In 15 samples, bacterial DNA concentrations were greater than total DNA concentrations, and in several of these cases, no DNA was detected by Qubit while bacterial DNA was amplified via qPCR. This could be due to relatively high bacterial loads in these dogs, and the increased sensitivity of qPCR (bacterial DNA concentrations) as compared to Qubit (total DNA concentrations) . In 9 other samples, 5 of which were extracted by BTL (S2 Table), there was quantifiable total DNA but no quantifiable bacterial DNA detected, suggesting that these samples may have contained more host than bacterial DNA, or that BTL was more effective in extracting host as compared to bacterial DNA. Despite the lack of quantifiable bacterial DNA in these samples, we obtained 16S rRNA sequencing reads from all 9 samples; although, 3 of these samples were excluded from 16S rRNA analysis for having fewer than 300 reads. This indicates that 16S rRNA sequencing may be more sensitive to bacterial DNA than qPCR ; however, the bacterial taxa present in these samples should be reviewed carefully for potential contamination as they could contain low reads and skewed relative abundances.
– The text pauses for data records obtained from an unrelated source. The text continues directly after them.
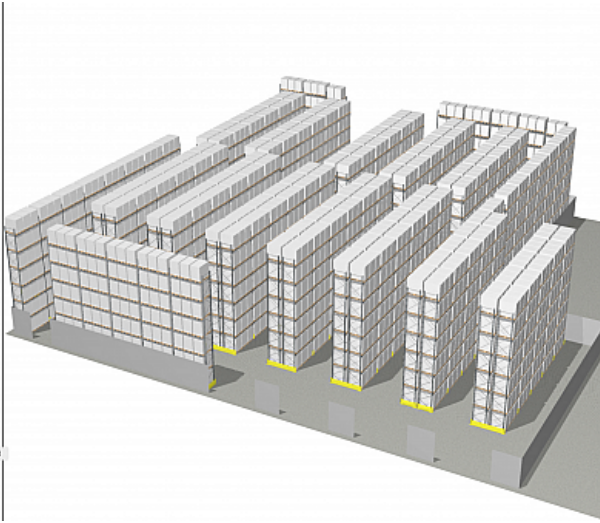

KONTAKTPERSON

Petter Skoglund
031-24 23 00 / 0706-40 95 00
petter@lokallots.se
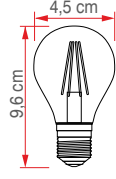

3 W C35 Mum Ampul

KOD	LÜMEN	DUY	RENK	LED	KOLİ (ADET)	FİYAT (TL)
ERK2305	240	E14	Amber	Taiwan	100	17.75TL

A	CE	ISO	RoHS	20	30.000	220	3
Energy		9001	2002/95/EC	Ip	Hour	Volt	Watt

3 W G45 Ampul

KOD	LÜMEN	DUY	RENK	LED	KOLİ (ADET)	FİYAT (TL)
ERK2307	240	E27	Amber	Taiwan	100	17.00TL
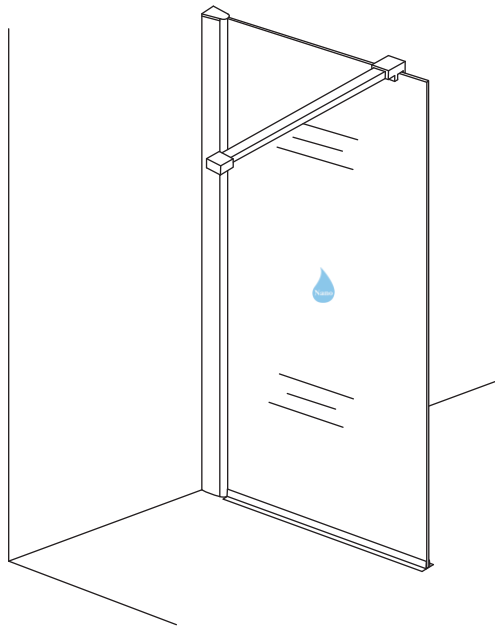

INSTALLATIE VOORSCHRIFT

INLOOPDOUCHE Safety Glass 2.0

Zonder NANO

NANO

NANO kant aan de binnenzijde
Te herkennen aan de sticker

NANO kant aan de binnenzijde
Te herkennen aan de sticker

NANO garantie: 2 jaar bij normaal gebruik
LET OP: gebruik geen grove scherpe voorwerpen, zoals schuursponsjes of staalwol om het glas schoon te maken.

1

Please cut off the protection foil from the fixed glass aluminum profile side.
 Do not taken off the protection foil at all before you finished the installation!
 The Foil could protect 3 layer film do not damaged by any sharp tools during the installing.

3

1015(780-800x2000)
1015(880-900x2000)
1015(980-1000x2000)
1215(1180-1200x2000)

5

Voorzie alleen de buitenzijde van de cabine van siliconenkit.

Please use soft towel to clean glass, any sharp tools do not allowed to touch the glass!
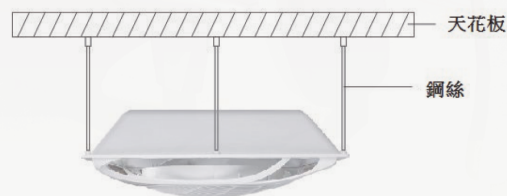

六輕節能循環扇

- 雙軸承滾珠，運轉極靜音，省電效果獲節能標章
- 風口開大流線設計，感受涼意，方便清潔，不用擔心過多灰塵造成風量變小
- 適用於公共場所，辦公室，節能又環保

Energy Saving Ceiling Fan

備註:另有黑色客製選擇

註 另購懸掛式功能包，可將循環扇外掛

懸吊式循環扇示意圖

電壓頻率	額定電壓	額定頻率	消耗功率(W)	總風量(m3/h)	安裝尺寸(mm)	面板尺寸(mm)	扇葉尺寸(吋)	噪音值(dBA)	適用坪數
DC直流	110V-220V	60Hz	29	7935(超強) 6104(強風) 4668(弱風)	603*603*218	603*603	14	50	4~6
AC交流	110V或220V	60Hz	46	6224(超強) 4149(強風) 3661(弱風)	603*603*218	603*603	14	59	4~6

TFG160

六輕節能循環扇 (AC)

TGC160D

六輕直流節能循環扇 (DC)

A1

懸掛式功能包
(外掛式節能循環扇 Hanging Type Energy Saving Ceiling Fan)
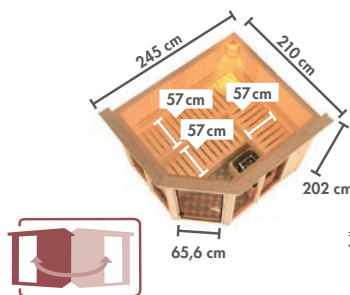

AINUR Eckeinstieg

BASISMODELL (BxTxH: 231 x 196 x 198 cm)		DACHKRANZMODELL (BxTxH: 245 x 210 x 202 cm)	
Ofen- variante	Preis in €	Ofen- variante	Preis in €
ohne	6098 2.899,99	6099 2.979,99	
9 kW	6100 3.229,99	6103 3.309,99	
9 kW	6101 3.379,99	6104 3.459,99	
9 kW	6102 3.679,99	6105 3.759,99
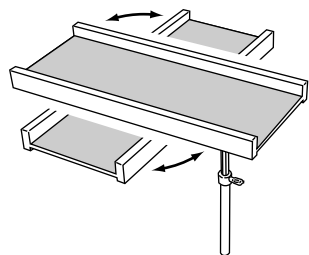

## マルチトレースタンド MTY-1ST

スティックやマレットを2〜3組置くのに丁度良いトレイです。スネアドラムやサスペンドシンバルなどのパチ置きに最適です。

※スティック、楽器などは含まれません。

希望小売価格: ¥10,500 (税込価格)  
(本体価格: ¥10,000)

### ■スティック&マレットや楽器まわりの小物置きに

スネアドラムやサスペンドシンバル、シロフォンなど、あまり多くの種類のパチ類を使わない打楽器用のスティック&マレット置きです。

多くのマレットなどを必要とする場合には、テーブル面の広いマレットスタンドは必需品ですが、逆に1〜2種類のパチで十分な時には広いマレットスタンドは邪魔になります。

そのような時、ついつい譜面台などにパチを置いてしまいがちですが、譜めくりの時に困ったり、最悪、パチを落としてしまったり、そんな経験に心当たりのある方も多いのではないのでしょうか？

シンプルなマルチトレースタンドは、ちょっとしたスペースにも置くことができ、使ってみると、とても便利なスタンドです。

トレイは、スタンドに対して、縦横二通りの位置を選べます。

### ■サイズ

【高さ】  
620 ~ 1200mm

【トレイサイズ】  
【内寸】 W400 × D138mm  
【外寸】 W400 × D165mm
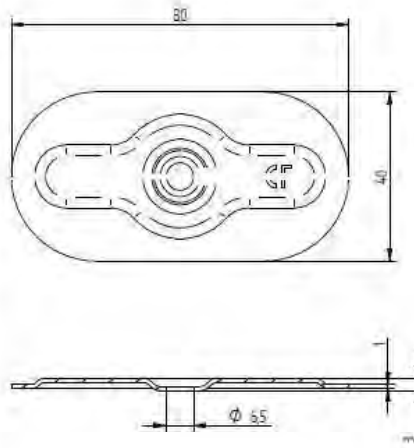

DVP-EF-8040N

EDS-B-4,8 x L

Eurofast EDS-B
4,8 x L

Eurofast
DVP-EF-8040 N

Combination:
Eurofast DVP-EF-8040N
Eurofast EDS-B-4,8 x L

Van Roij Fasteners Europe b.v.
Jan Tooropstraat 16
NL-5753 DK Deurne
copyright © 12.2015
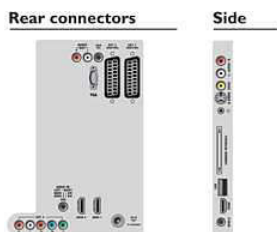

Technické údaje

Obraz/Displej

- Pomer strán: Širokouhlá obrazovka
- Diagonálny rozmer obrazovky (v palcoch): 47 palec
- Diagonálny rozmer obrazovky (metrický): 119 cm
- Rozlíšenie panela: 1920 x 1080p
- Jas: 500 cd/m²
- Dokonalejšie zobrazenie: Komprimovanie pohybu 3/2 - 2/2, 3D hrebeňový filter, Active Control +

- Svetelný snímač, Vylepšenie farieb, Vylepšenie prechodu farieb, Digitálna redukcia šumu, Vylepšené prechody jasů, Dynamické zdokonalenie kontrastu, Pixel Plus HD
- Typ obrazovky: LCD W-UXGA aktívna matica s Full HD
- Čas odozvy (typický): 5 ms
- Uhol zobrazenia: 178° (H) / 178° (V)
- Zdokonalenie obrazovky: Antireflexný povrch

obrazovky

Podporované rozlíšenie displeja

- Počítačové formáty: 640 x 480, 60 Hz, 800 x 600, 60 Hz, 1024 x 768, 60 Hz, 1 280 x 1024, 60 Hz, 1360 x 768, 60 Hz, 1600 x 1200 pri 60 Hz
- Formáty videa: 480i, 60 Hz, 480p, 60 Hz, 576i, 50 Hz, 576p, 50 Hz, 1 080i, 50, 60 Hz, 720p, 50, 60 Hz, 1080p, 24, 25, 30 Hz, 1080p, 24, 50, 60 Hz

Alternately, the different primer sets used in qPCR and 16S rRNA sequencing, although both considered “universal bacterial primers,” may contribute to the differences we observed in bacterial DNA detection between qPCR and 16S rRNA sequencing.
Bacterial diversity and composition
Bacterial diversity and composition differed significantly by sex and dog but not extraction method (Figs 3 and 4), indicating that individual differences in the urine microbiota overwhelmed potential differences introduced by extraction. A total of four samples were excluded from bacterial community analysis for having fewer than 300 reads. All canine urine samples extracted via B and PF (excluding negative controls) contained greater than 300 reads and were retained for analysis. These results again highlight B as a viable extraction method for urine microbiota, as it did not obviously skew bacterial communities while also generating reasonable 16S rRNA yields. We further observed that urine microbiota were highly variable between individuals, a finding that has been reported previously in studies on human and canine urine [9, 10, 13, 25]. A few dogs stood out in terms of bacterial composition and diversity. ZR, for example, had significantly lower bacterial diversity (Shannon) than most other dogs while LS had significantly higher diversity than most dogs (S6 Table). Both ZR and LS also had significantly different bacterial composition (Bray-Curtis) than most other dogs (S7 Table).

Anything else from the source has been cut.